To do
Copy the data below exactly. Any pictures in it should be omitted.

Source data
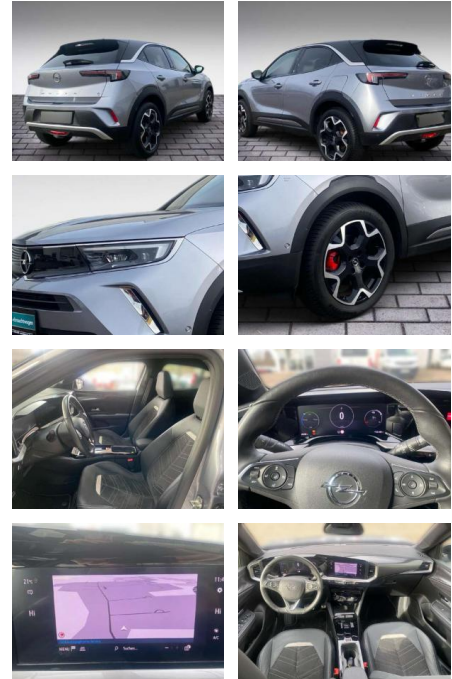

Erstzulassung:	Kilometer:	Farbe:	Leistung:	Kraftstoffart:
01.05.2021	20.500	Grau	100 kW / 136 PS	Benzin

PREIS
27.150 €

FINANZIERUNGSBEISPIEL

Laufzeit: 48 Monate Anzahlung: 25 %
Basis-Finanzierung:* Mtl. Rate:
Zielraten-Finanzierung:** **221 €**

Written solution
Erstzulassung:	Kilometer:	Farbe:	Leistung:	Kraftstoffart:
01.05.2021	20.500	Grau	100 kW / 136 PS	Benzin

PREIS
27.150 €

FINANZIERUNGSBEISPIEL

Laufzeit: 48 Monate Anzahlung: 25 %
Basis-Finanzierung:* Mtl. Rate:
Zielraten-Finanzierung:** **221 €**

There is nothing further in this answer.